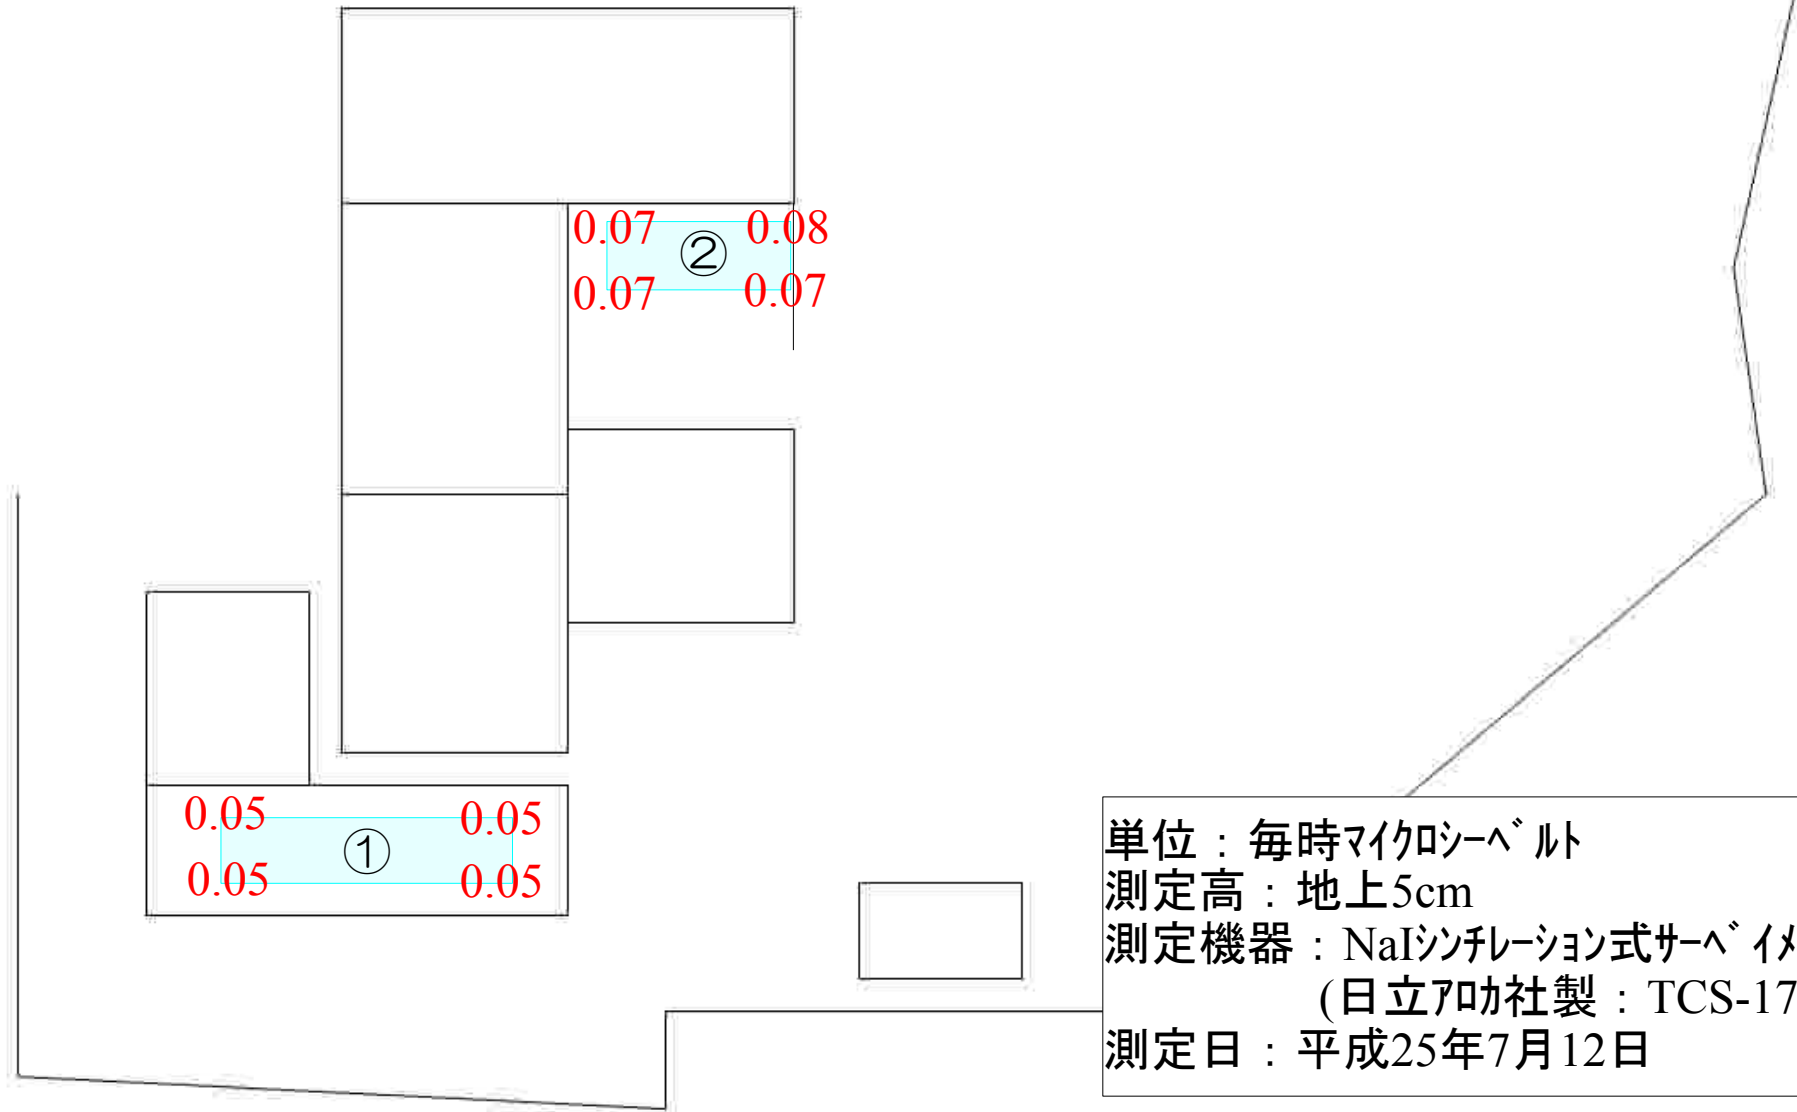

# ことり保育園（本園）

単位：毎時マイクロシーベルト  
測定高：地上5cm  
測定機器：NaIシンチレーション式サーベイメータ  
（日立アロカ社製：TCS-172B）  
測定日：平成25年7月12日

══════════

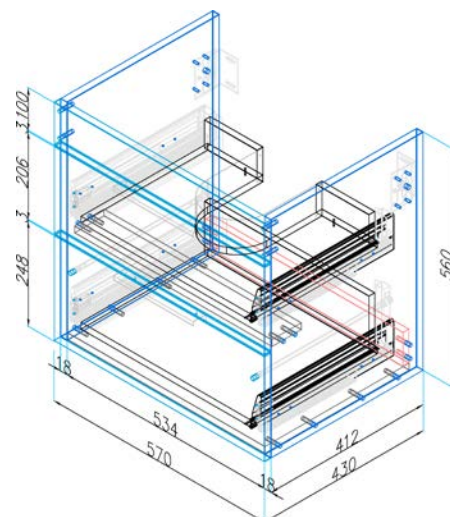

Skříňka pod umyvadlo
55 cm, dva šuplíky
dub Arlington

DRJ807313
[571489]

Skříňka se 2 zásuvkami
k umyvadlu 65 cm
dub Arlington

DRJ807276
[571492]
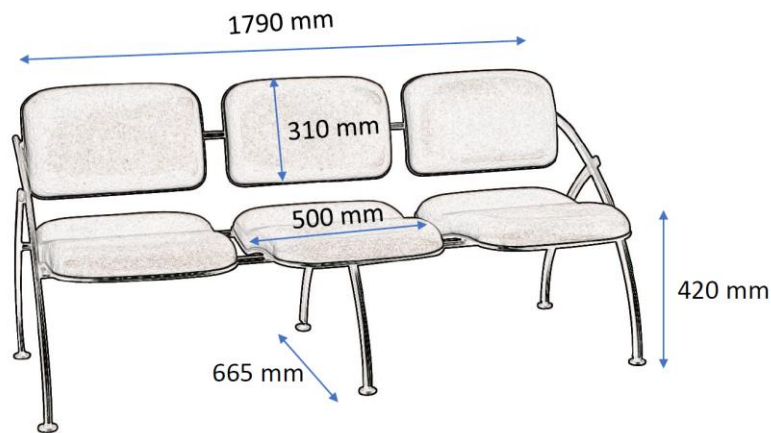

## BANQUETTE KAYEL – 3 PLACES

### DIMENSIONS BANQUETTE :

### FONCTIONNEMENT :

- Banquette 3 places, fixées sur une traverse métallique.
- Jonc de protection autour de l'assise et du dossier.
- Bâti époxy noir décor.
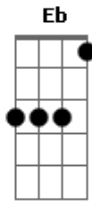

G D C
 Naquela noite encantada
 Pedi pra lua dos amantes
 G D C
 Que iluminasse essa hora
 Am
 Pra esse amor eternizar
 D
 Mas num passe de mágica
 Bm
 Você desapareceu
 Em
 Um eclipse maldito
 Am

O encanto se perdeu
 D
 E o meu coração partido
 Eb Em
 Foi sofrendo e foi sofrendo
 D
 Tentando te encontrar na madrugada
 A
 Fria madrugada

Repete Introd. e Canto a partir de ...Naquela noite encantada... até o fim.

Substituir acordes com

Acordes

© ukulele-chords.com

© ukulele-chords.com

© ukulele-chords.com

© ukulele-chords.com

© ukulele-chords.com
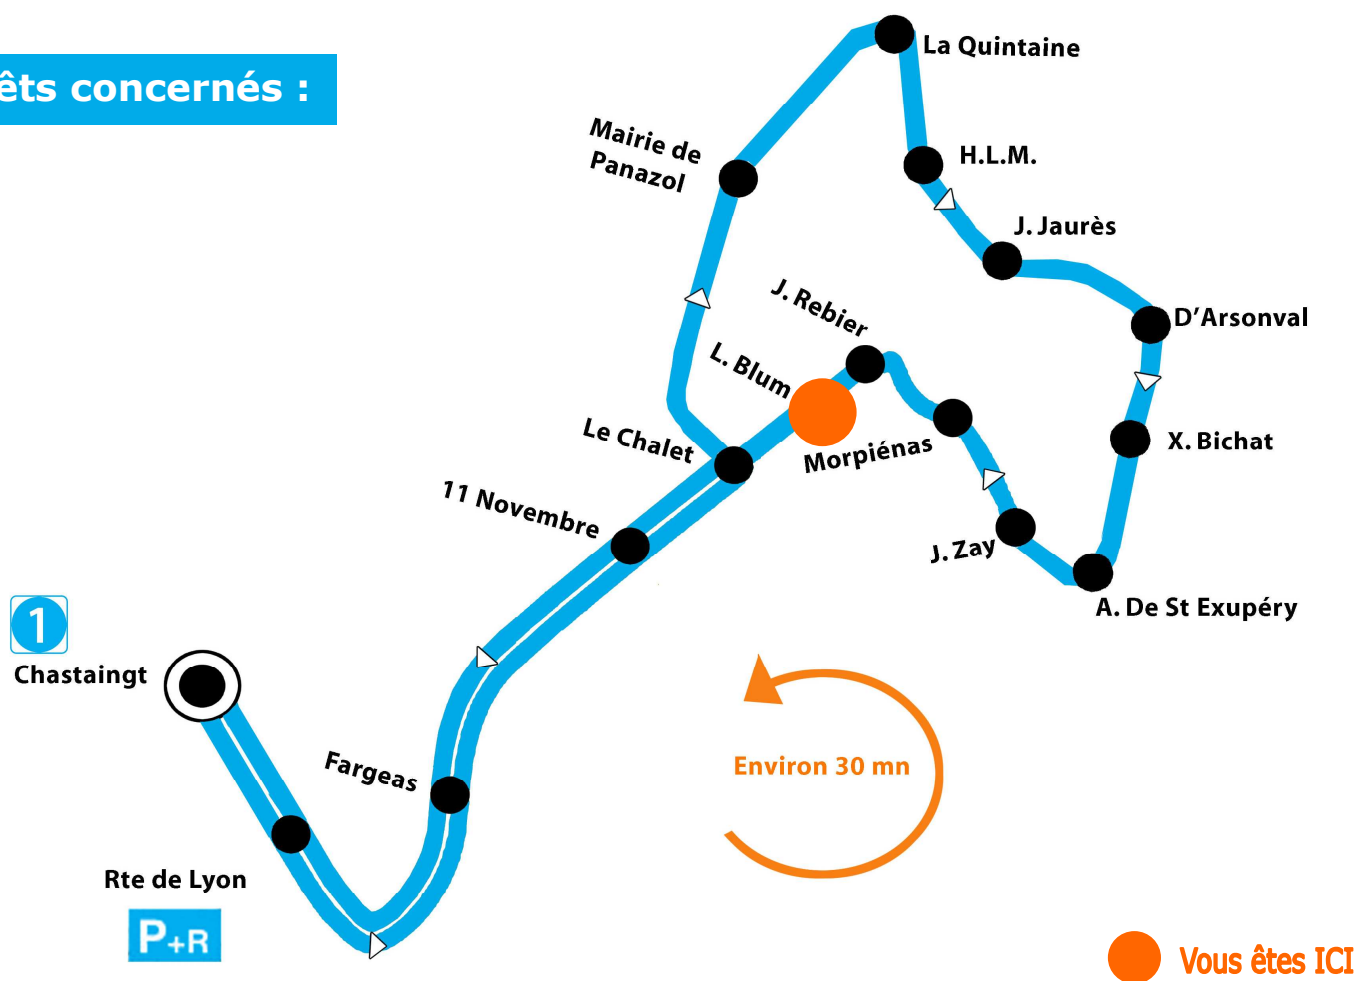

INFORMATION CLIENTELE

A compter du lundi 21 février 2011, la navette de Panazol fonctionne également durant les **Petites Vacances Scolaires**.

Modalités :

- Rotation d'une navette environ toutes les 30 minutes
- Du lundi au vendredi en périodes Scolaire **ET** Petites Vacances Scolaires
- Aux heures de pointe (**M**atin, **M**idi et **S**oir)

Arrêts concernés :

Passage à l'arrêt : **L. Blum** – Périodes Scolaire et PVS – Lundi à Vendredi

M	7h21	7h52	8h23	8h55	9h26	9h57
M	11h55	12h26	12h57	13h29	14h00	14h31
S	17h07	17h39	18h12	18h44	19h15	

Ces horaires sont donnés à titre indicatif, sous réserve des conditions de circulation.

══════════

■ Activity ■
Where the data above reaches the line holding "# ことり保育園（本園）", begin printing, and stop after the line holding "測定日：平成25年7月12日". Each line must be reproduced exactly, with nothing else added.

■ Output for this task ■
# ことり保育園（本園）

単位：毎時マイクロシーベルト  
測定高：地上5cm  
測定機器：NaIシンチレーション式サーベイメータ  
（日立アロカ社製：TCS-172B）  
測定日：平成25年7月12日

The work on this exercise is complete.